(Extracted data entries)
★ ★ ★

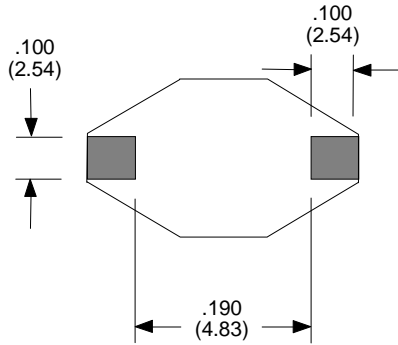

SURFACE MOUNT DRUM CORE INDUCTOR

SIZE 1

Physical Dimensions
inches (mm)

SIZE 2

Physical Dimensions
inches (mm)

DRUMSM

SURFACE MOUNT DRUM CORE INDUCTOR

SIZE 3

Physical Dimensions
inches (mm)

SIZE 4

Physical Dimensions
inches (mm)

DRUMSM

★ ★ ★

• Problem to solve:
Write out the data in full and exactly as given, though without the images.

• Task solution:
SURFACE MOUNT DRUM CORE INDUCTOR

SIZE 1

Physical Dimensions
inches (mm)

SIZE 2

Physical Dimensions
inches (mm)

DRUMSM

SURFACE MOUNT DRUM CORE INDUCTOR

SIZE 3

Physical Dimensions
inches (mm)

SIZE 4

Physical Dimensions
inches (mm)

DRUMSM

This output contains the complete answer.